Ridiculous thing #3: His statline was something out of James Harden circa 2018: 11–19 field goals, 2–2 threes, 8–8 free throws, 32 points, 9 assists, 4 rebounds.
November 14, 2009
Ridiculous thing #1: On this night, fellow rookie Steph Curry was coming off a game in which he had played two minutes, after being benched by Don Nelson in the game before that. To emphasize: While Jennings was coming off a superstar performance in which he straight gave it to Chauncey Billips, the future unanimous MVP of the league had in his previous two games been benched and then had played two minutes. This was the stage that was set.
Ridiculous thing #2: Jennings missed his first three shots, was benched less than five minutes into the game, and scored zero points in the first quarter.
Ridiculous thing #3: Then he scored 55 points in the final three quarters, including 29 in the third quarter. Below is where things started to crescendo, where he was in grab-the-rebound-and-come-down-and-hit-a-three mode.
November 16, 2009
Ridiculous thing #1: The only loss of these 10 days was to the 55-win Mavericks — in overtime, on a last-second prime Dirk Nowitzki game-winning jumper that bounced high off the rim and in. Come on:
Ridiculous thing #2: Still, Jennings went for 25/8/7, hit four three-pointers (out of nine), and was the only starter to really show up for the Bucks.
Ridiculous thing #3: Nonetheless, after the game he said, “I’m kind of taking this one to the heart, because I feel it’s my fault that we didn’t win that game.” This was not true! However, it is a nice segue for me to remind you here that when 20 year-old Brandon Jennings was the best player in the world for 10 days as a rookie, his starting backcourt mate was Charlie Bell.
November 18, 2009
Ridiculous thing #1: This Bucks win dropped the Nets to 0–12. Lawrence Frank went on to start the season 0–16, and the Nets cycled through three coaches (Frank followed by Tom Barrise and then Kiki Vandeweghe) during the season.
Ridiculous thing #2: This dreadful Nets team featured the motliest crew of former-or-future Bucks on one team in NBA history: Yi Jianlian, Rafer Alston, Chris Douglas-Roberts, Keyon Dooling, and Bobby Simmons.

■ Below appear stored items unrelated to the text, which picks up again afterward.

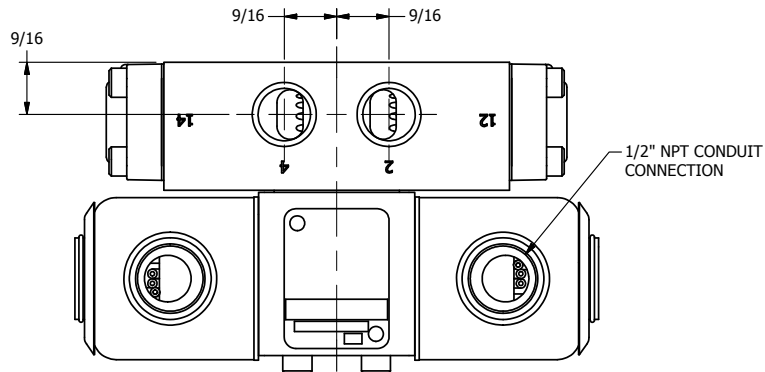

4

3

2

1

1/2" NPT CONDUIT CONNECTION

AAA
PRODUCTS
INTERNATIONAL

AAA PRODUCTS INTERNATIONAL
7114 Harry Hines Blvd
Dallas, TX 75235

TITLE: 3/8" SIDE PORT, DBL SOL, 2 POS,
FRICTION POS, SOL RTRN,
EXPL PROOF

DRAWING NO.:
DIM_SS3X

4

3

2

1

THE INFORMATION CONTAINED WITHIN THIS DOCUMENT IS PROPRIETARY TO AAA PRODUCTS AND MAY NOT BE DISCLOSED WITHOUT PRIOR WRITTEN CONSENT

Ridiculous thing #3: Jennings went for 19/4/8 while hitting 6–13 from the field, 3–4 threes, and 4–5 at the line, for a +16 differential. He led the Bucks, who by some were predicted to be the second-worst team in the East along with the Nets, to their fifth win in six games.
November 20, 2009
Ridiculous thing #1: Andrew Bogut got hurt in the previous game, the Bucks were still waiting for Michael Redd to return from injury, and Luc Mbah a Moute was out of the lineup too.
Ridiculous thing #2: With that, this was a thinned-out Bucks, and no one other than Jennings on the Bucks made more than five field goals in the game — Hakim Warrick shot 5–13 after beginning his night by inbounding the ball to Raymond Felton, which was troubling because Felton played for the Bobcats.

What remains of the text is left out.